> **Work request**: I'd like the records transcribed exactly, leaving the images out.
Material for this exercise Block Start
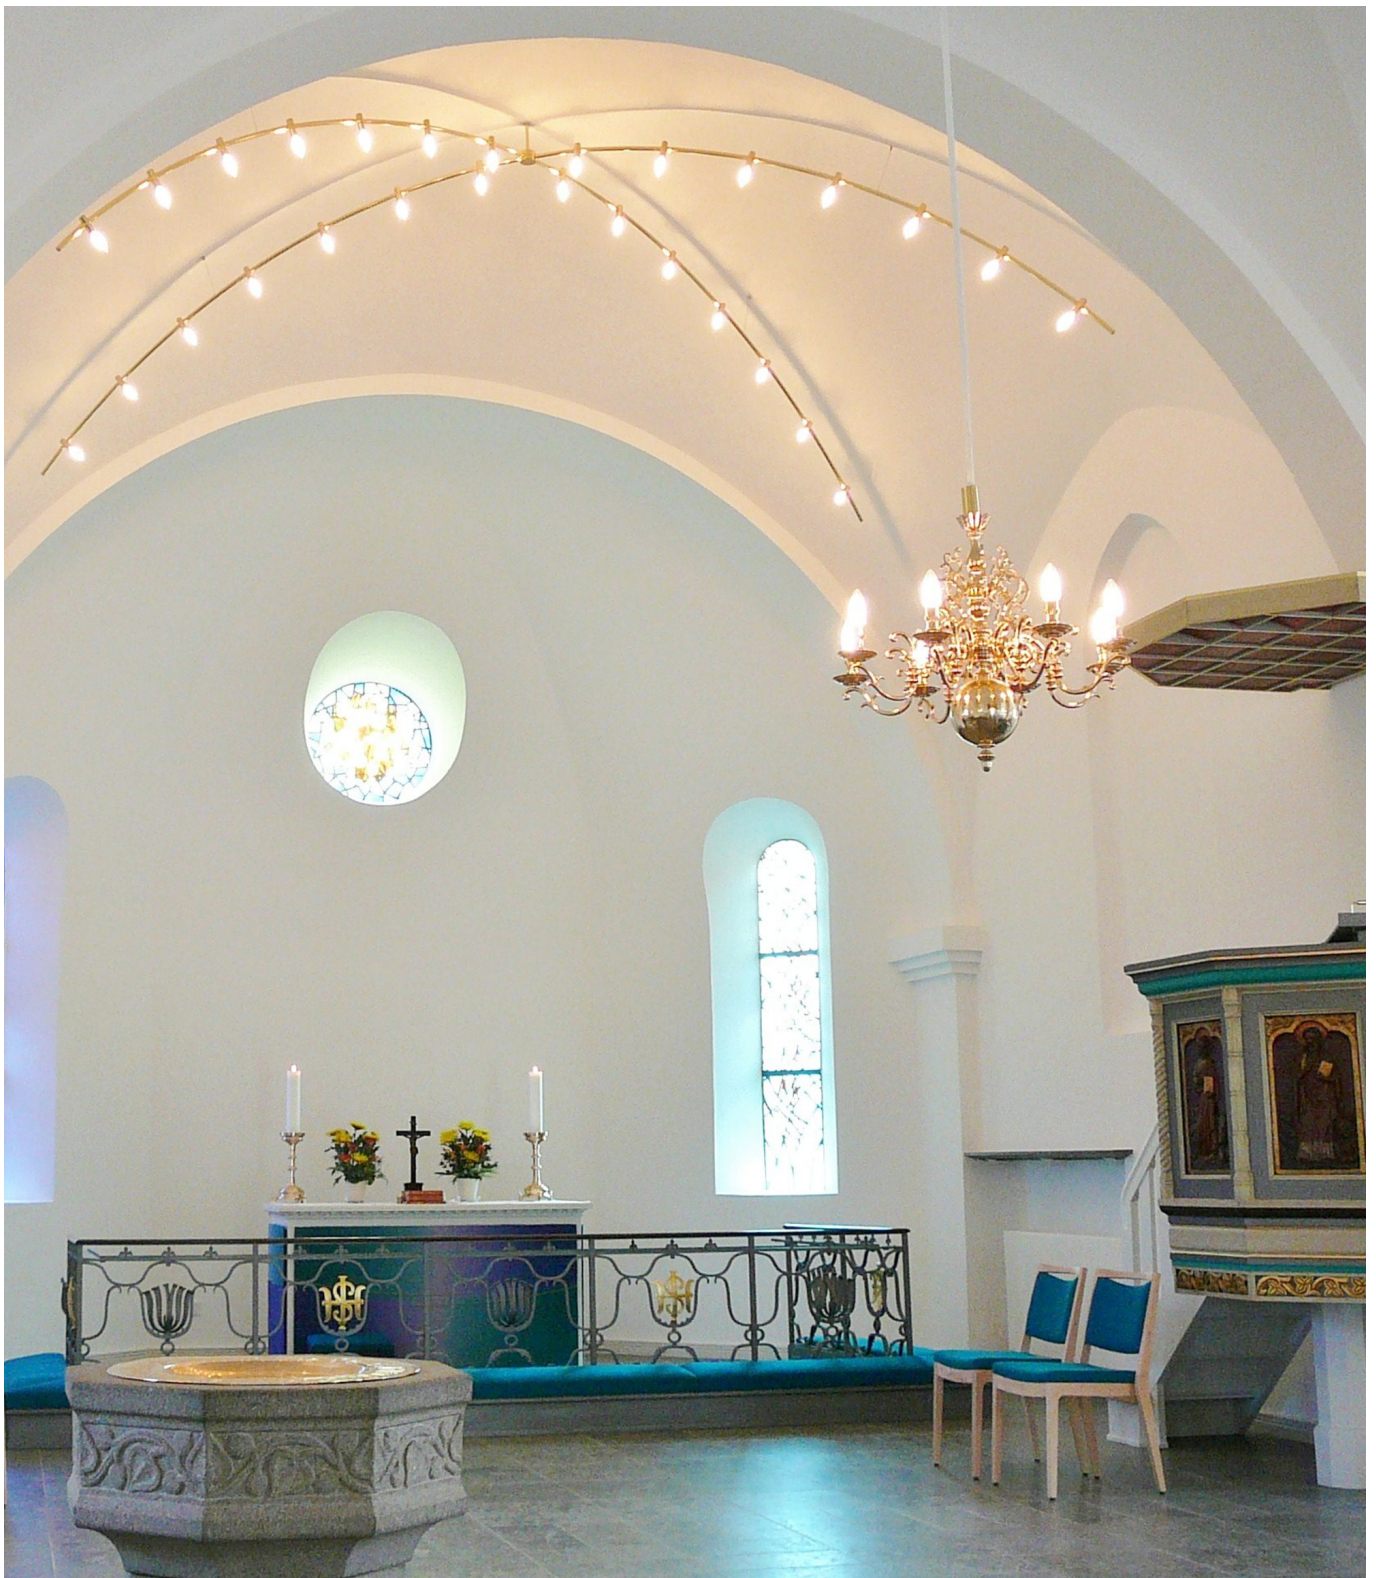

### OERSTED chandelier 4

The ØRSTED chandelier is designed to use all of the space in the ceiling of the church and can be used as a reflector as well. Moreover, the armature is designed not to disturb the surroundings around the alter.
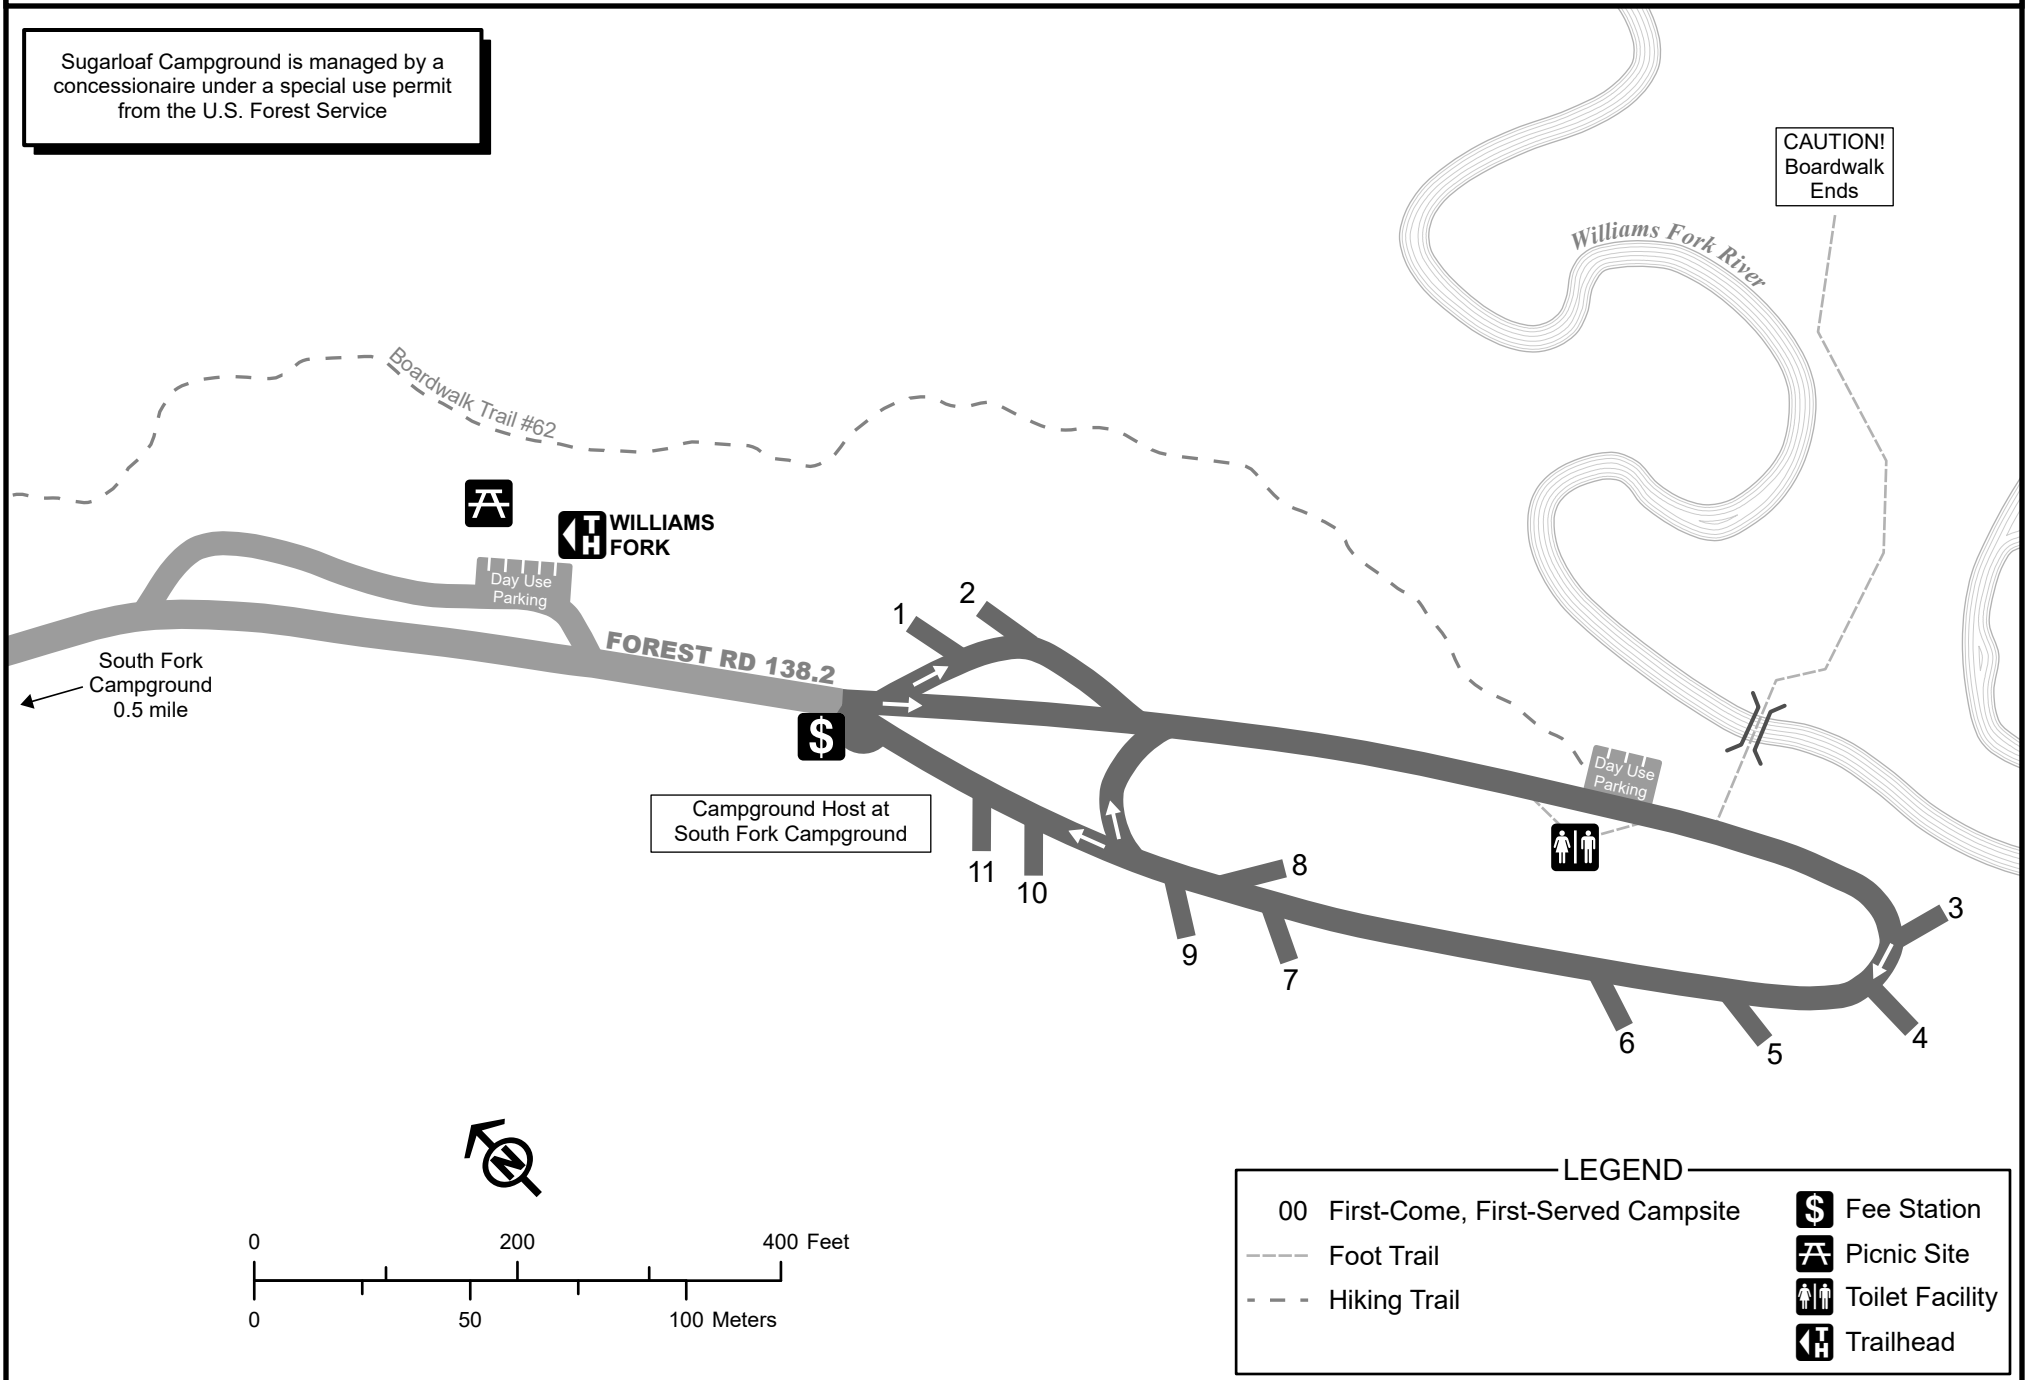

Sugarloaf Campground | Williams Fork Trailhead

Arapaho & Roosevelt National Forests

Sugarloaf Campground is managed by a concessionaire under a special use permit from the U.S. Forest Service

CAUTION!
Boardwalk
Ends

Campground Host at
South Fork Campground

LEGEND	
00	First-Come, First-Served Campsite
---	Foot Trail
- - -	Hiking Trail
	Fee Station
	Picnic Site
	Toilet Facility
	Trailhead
Material for this exercise Block End
> **Solution to this exercise**:
### OERSTED chandelier 4

The ØRSTED chandelier is designed to use all of the space in the ceiling of the church and can be used as a reflector as well. Moreover, the armature is designed not to disturb the surroundings around the alter.

Sugarloaf Campground | Williams Fork Trailhead

Arapaho & Roosevelt National Forests

Sugarloaf Campground is managed by a concessionaire under a special use permit from the U.S. Forest Service

CAUTION!
Boardwalk
Ends

Campground Host at
South Fork Campground

LEGEND	
00	First-Come, First-Served Campsite
---	Foot Trail
- - -	Hiking Trail
	Fee Station
	Picnic Site
	Toilet Facility
	Trailhead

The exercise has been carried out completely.